## TASK OBJECTIVE
From the entries below, gather every line containing the string "head".

## GIVEN INFORMATION
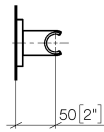

28 050 980 Product version up to 3/2/2021

- rosette 60 x 60 mm

	Brushed Platinum	28 050 980-06
	Chrome	28 050 980-00
	Platinum	28 050 980-08
	Dark Chrome	28 050 980-19
	Brushed Light Gold (PVD)	28 050 980-27
	Brushed Durabronze (23kt Gold)	28 050 980-28
	Matte Black	28 050 980-33
	Brushed Gold (PVD)	28 050 980-37
	Brushed Dark Brass (PVD)	28 050 980-39
	Brushed Bronze (PVD)	28 050 980-42
	Brushed Dark Bronze (PVD)	28 050 980-43
	Brushed Champagne (22kt Gold)	28 050 980-46
	Champagne (22kt Gold)	28 050 980-47
	Brushed Chrome	28 050 980-93
	Brushed Dark Platinum	28 050 980-99

28 050 980 Product version up to 3/2/2021

mm [inches]

28 050 980 Product version up to 3/2/2021

Parts for other finishes can be found here: [Chrome](#)

### Spare parts list

No.	Item Number	Name	Quantity used	Delivery time
8	90 31 11 112 00 90	Mounting Threaded pin M5 x 6 mm -	1.00	14
2	09 30 11 041 90	Holder Ø 45 x 25 mm -	1.00	14
7	09 17 20 044-06	Wall bracket Elemental SPA Symetrics - Brushed Platinum	1.00	20
3	09 31 11 026 90	Grooved pin Ø 5 x12 mm -	1.00	14
4	09 30 30 054 90	Mounting Cylinder head screw with hexagon socket with low profile M4 x 10 mm -	1.00	14
5	09 27 98 002-06	Rosette for spray holder 60 x 60 x 9 x Ø 14,8 mm - Brushed Platinum	1.00	20
1	05 30 31 025 00 90	Mounting Bolt Round head 4,5 x 60 mm -	1.00	14
6	09 18 40 078 90	Holder for hand shower Receptacle Ø 27,5 x 40,5 mm -	1.00	14
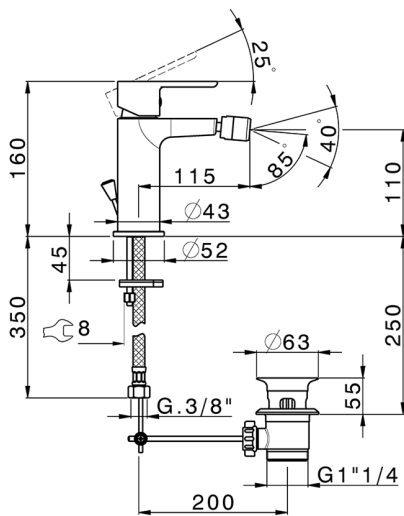

Single lever bidet mixer

MODEL **ZR000554**

Single lever bidet mixer, with 1" 1/4 automatic pop-up waste, G.3/8" stainless steel flexible hoses

AVAILABLE FINISHINGS

CHARACTERISTICS

Cartridge Spare Parts **ZZ99750000**

35 mm Cartridge

2026-05-26
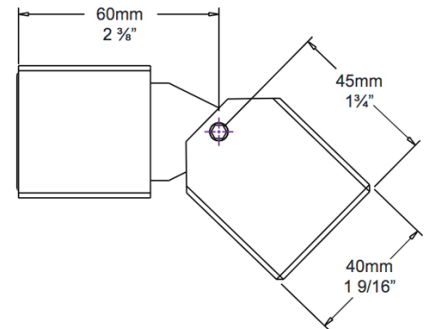

radiantlighting

PROJECT	
TYPE	
NOTES	

CUBE WALL LIGHT

OUTDOOR + WALL

BY HUNZA

PRODUCT NAME	Cube Wall Light
DESIGNER	HUNZA
MANUFACTURER	HUNZA
PRODUCT CODE	73-8100 (Black) 73-8103 (White) 73-8105 (Stainless Steel) 73-8105EWW (Stainless Steel, 2700K) 73-8107 (Silver) 73-8109 (Bronze)
CATEGORY	Outdoor & Wall
MATERIAL	Solid Powdercoated Aluminium 316 Stainless Steel
LED CHIP	Cree Plug and Play field replaceable LED board

CRI	90+
LUMEN OUTPUT	120 Lumens @ 1050mA
FINISHES	Black White Stainless Steel Silver Bronze
DIMENSIONS	40 (W) x 45 (H) x 60 (D) mm
IP	66
ORIGIN	New Zealand
WARRANTY	Electronics = 5 years Body Aluminium = 5 years
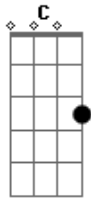

Bee Gees - This Is Where I Came In

Tom: **G**

TABBED BY: Martin Kelly

ACOUSTIC GUITAR INTRO VERSES [Two guitars left Right]

After three repeats in verses, you play this three times

1. To this repeat twice

PRE-CHORUS [Hope Rides On]

Acoustic once

]

]Electric

CHORUS [All guitars]

Repeat twice

BRIDGE

Acoustic

Repeat twice

]

]Electric [2nd 3rd time only]

ENDING [Electric]

Repeat

fades out.

Think that covers everything. For more tabs contact

Acordes

© ukulele-chords.com

© ukulele-chords.com

© ukulele-chords.com

© ukulele-chords.com
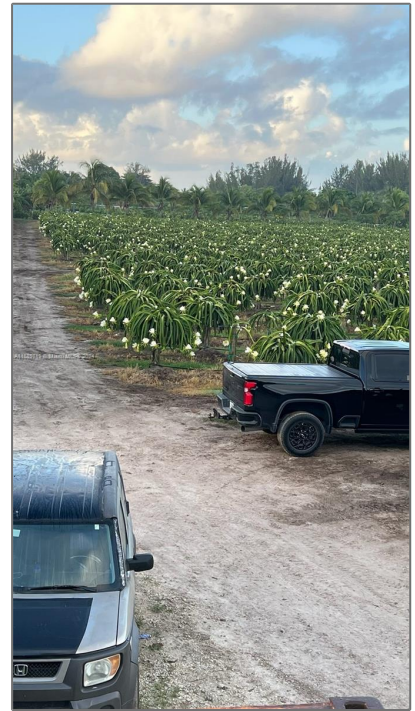

Commercial Land

- 144XX SW 205 Ave, Miami, Florida 33196

Basic Details

Property Type:	Commercial Land
Listing Type:	For Sale
Listing ID:	A11589719
Price:	\$699,000
Lot Area:	4.51 Acre

Appliances

<input checked="" type="checkbox"/> Utilities:	Electricity Available, Irrigation Water
--	--

Features

<input checked="" type="checkbox"/> Lot Features:	County Location, 1-2.5 Acres
<input checked="" type="checkbox"/> Sewer:	Other
Water Front:	1

Address Map

Country:	US
State:	FL
County:	Miami-Dade County
City:	Miami
Zipcode:	33196
Street:	144XX SW 205 Ave
Street Number:	144XX
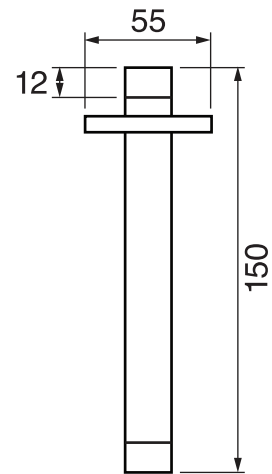

ARONA #33SD30C

Square Shower Design – 2 outlets
Système de douche design carré – 2 sorties

 .99 Chrome

#6007

6" ceiling arm with square flange

1/2" Male NPT inlet
Sliding flange

Finish: Chrome (#99)

Kuky #6063

Square with rounded corners rain head

15 mm in thickness
Easy clean nozzles
ABS chrome plated
2.5 GPM (9.5 L/min.)

Finish: Chrome (#99)

#75117

Shower rail kit

Includes bar, hose and hand shower
Single spray hand shower
Easy clean nozzles
2 GPM (7.5 L/min.)

Finish: Chrome (#99)

Lina #6029

Wall supply elbow

1/2" male NPT inlet
Easy slide installation

Finish: Chrome (#99)
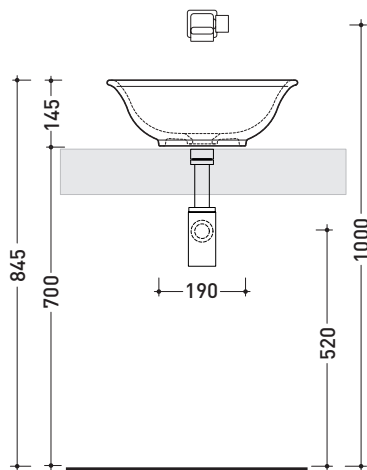

april 2020

design **PAOLA NAVONE**

2011

BL42L Boll 42 METAL

Countertop basin 42 cm with **METAL** decor (Gold or Platinum)

• WITHOUT OVERFLOW • WITHOUT TAP LEDGE

Complements: **Forty6 shelf (F6BL)**
Solid shelf (SLBL)
Filo 60 metal structure (FI60SV)
Filo 75 metal structure (FI75SV)
Furniture BOX - depth. 37
Furniture BOX - depth. 50
Line taps basin: ONE - NOKÉ - SI - FOLD - X1
Line accessories: TWO - HOOP - NOKÉ - FOLD

Technical accessories: **Chrome siphon (SIFL/CR) - Telescopic chrome siphon (SIFL066)**
Stop & Go drain (PLSG)
CERAMIC Stop & Go drain (PLCE)
Two piece set chrome tap filters (RF026)

Package dim. **45 x 16,5 x 44 cm** | Weight **7 kg** | Pz. Pallet n° **24**

CE UNI EN 14688 - CL00 Dop-No14688

vista zenitale / zenital view

vista zenitale / zenital view

vista frontale / frontal view

sezione longitudinale / section

sizes in mm

Please consider a 2% tolerance on indicated measurements

CERAMIC: METAL finish

white / gold white / platinum

inside **WHITE**
 outside **METAL**

design **PAOLA NAVONE**

2011

BL56L Boll 56

Countertop basin 56 cm

•WITHOUT OVERFLOW •WITHOUT TAP LEDGE
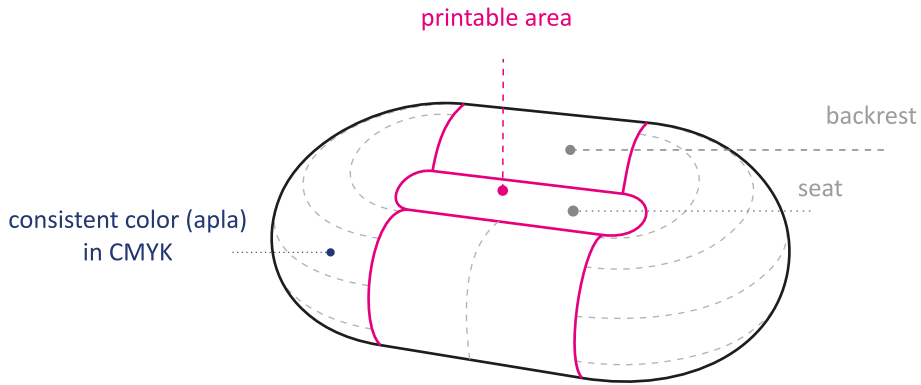

Customer's signature

VENTO® CLOUD SOFA

M: width 180 cm

PROJECT

COMPANY

E-MAIL

PRODUCT

Comments field

Customer's signature

VENTO® CLOUD SOFA

L: width 240 cm

PROJECT

COMPANY

E-MAIL

PRODUCT

Comments section for customer input.
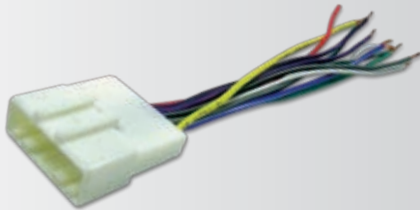

*REVERSE*  
Power/  
Speaker Connector

**NN07B**

**1995-07  
Nissan**

Premium Sound  
harness  
4-CH RCA  
to Amp Input

**NN04B**

**2007-Up  
Nissan**

Power/Speaker  
Connector

**SI02B**
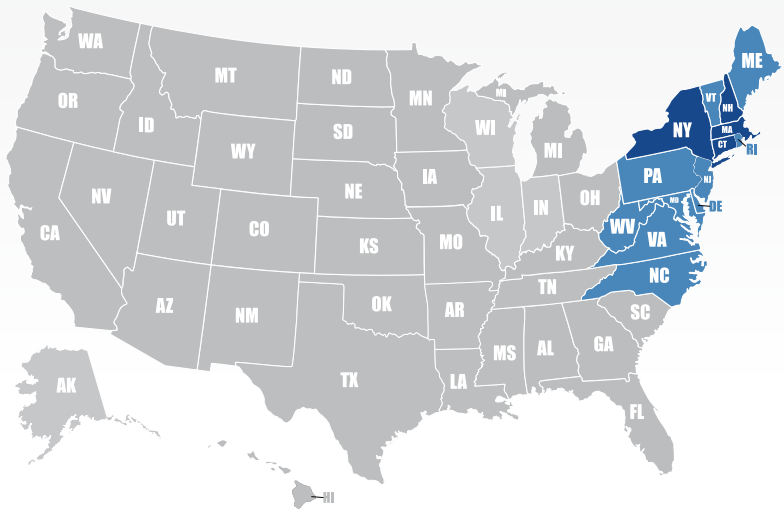

Connecticut

RAA GREENFIELD TRANSPORTATION LLC

216 CENTRAL ST.
Ste-100
BRISTOL, CT 6010

Phone: 860-747-3855
Fax: 860-747-4904
Email: mggreenfield@sbcglobal.net
Web: www.raagreenfield.com

■ Primary State ■ Secondary State

Key Personnel
Miles Greenfield

Branches
BRISTOL,CT./MARLBOROUGH,MA./ALBANY,N.Y./MANCHESTER,N.H.

Physical or Contractual Locations
CT, MA, NY, NH

States Provide Service
NEW ENGLAND&MID ATLANTIC STATES

Services
Air Freight, Dedicated Truck/Van, Expedited Freight, Hot Shot, Line Haul, Local Pickup, Messenger, Next Flight, Route Work, Scheduled, Warehousing, Mail Rooms

Special Services
Airport Pickup/Delivery, Banking, E-mail PODs, Legal, Medical, Office Products, Online Order Entry & Tracking, Parts Storage/Distribution, Pharmaceutical, Signature Capture, 24/7 On-site Dispatch, White Glove

Equipment
Cargo Vans, Cars, Hi-Cubes, Lift Gates, Straight Trucks

Technology
Online Track & Trace, Two Way Data, E-mail Access, Bar Code Scanning, Signature Capture, CXT Dispatch Software, Two-way Communication: Cell Phones
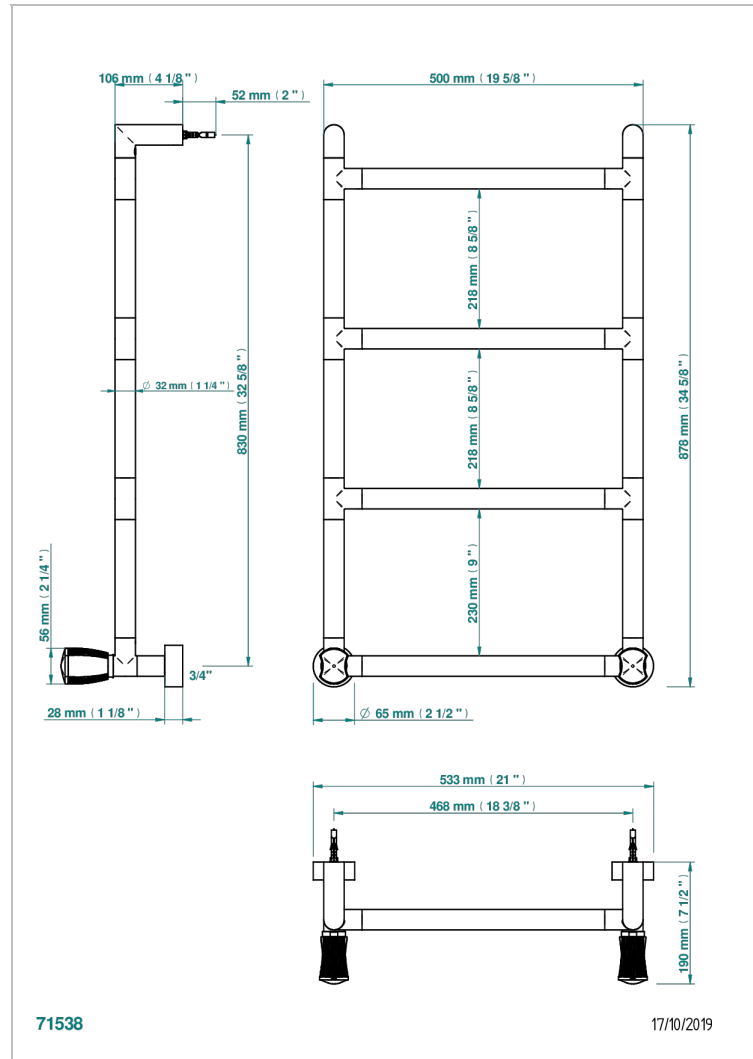

INFINI WHITE PORCELAIN WITH GOLD DECOR

U2F-TWR4H2

Contemporary round towel warmer, 4 rails, 533 mm x 867 mm, hydronic with 2 stylised handles

THG[®]
PARIS

CARACTERÍSTICAS

- Infini White Porcelain with Gold decor
- Contemporary round towel warmer, 4 rails, 533 mm x 867 mm, hydronic with 2 stylised handles

ESPECIFICACIONES TÉCNICAS

- Pression : 0,5 bars < P < 3 bars (recommandée)
- Pressure : 7.25 psi < P < 43.5 psi (advised)
- Température eau maximale conseillée : 60°C
- Maximum water temperature advised: 140°F
- Hauteur minimale au sol (maximum height from the ground) : 60 cm (24")
- Puissance / Power : 59W à Delta T 30
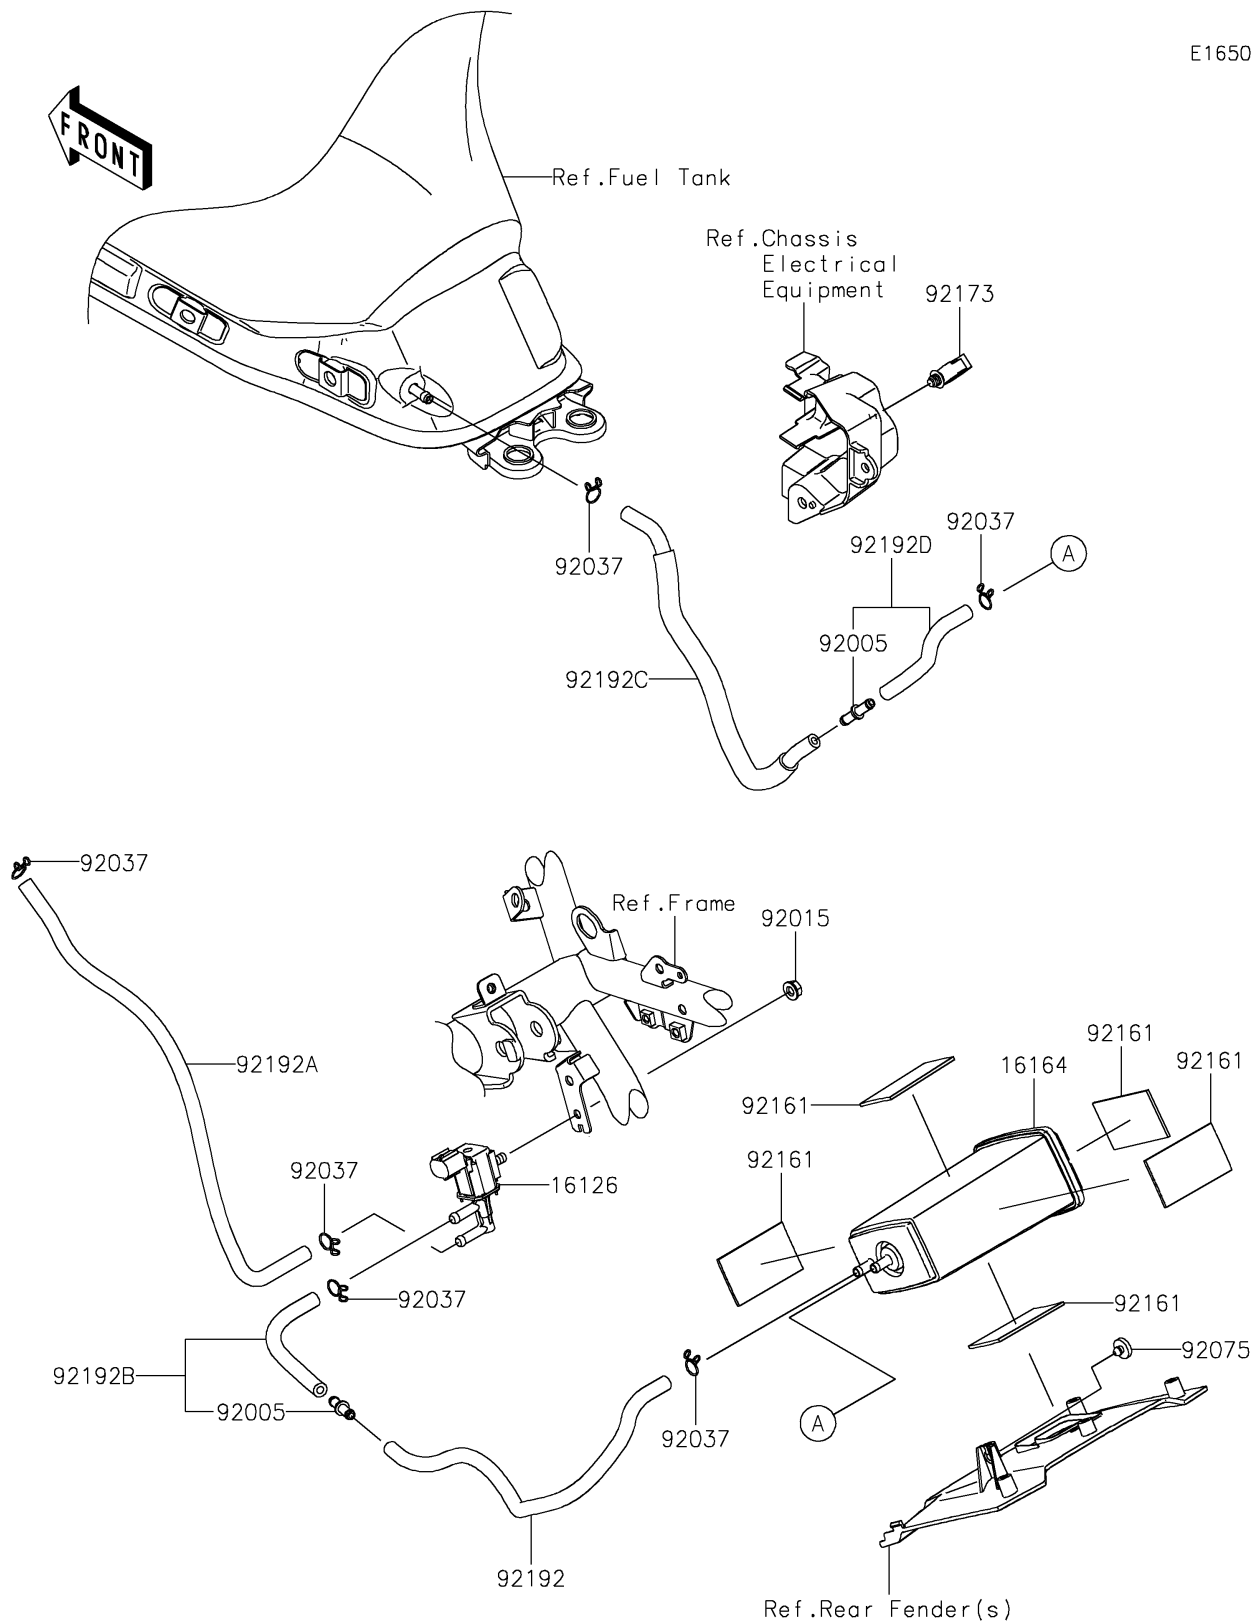

2026 Z650 S ABS

PARTS DIAGRAM

Fuel Evaporative System(CA)

E1650

## RESPONSE
4	09 30 30 054 90	Mounting Cylinder head screw with hexagon socket with low profile M4 x 10 mm -	1.00	14
1	05 30 31 025 00 90	Mounting Bolt Round head 4,5 x 60 mm -	1.00	14
Square with rounded corners rain head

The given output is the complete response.